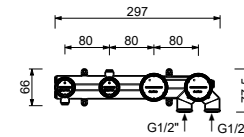

Miscelatore vasca incasso

- interasse bocca 19 cm
- maniglia
- deviatore a rotazione a **2 uscite**
- doccetta FIT
- presa acqua con supporto per doccetta
- flessibile PVC 150 cm
- ingressi da 1/2"
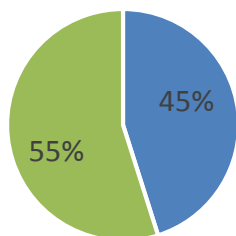

## ELECTIONS PROFESSIONNELLES du 6 décembre 2018

- **Effectifs**

- CTMESR et CT : 238 agents
- CTU : 65 enseignants-chercheurs (PR, MCF titulaires et stagiaires)

- **Détermination de la répartition femmes / hommes**

CTMESR et CT

■ hommes ■ femmes

CTU

■ hommes ■ femmes

------------------------------------

#### [REQUIRED ACTION]
Which lines in the data hold the string "doccetta"? Copy each of them.

#### [EXERCISE SOLUTION]
- doccetta FIT
- presa acqua con supporto per doccetta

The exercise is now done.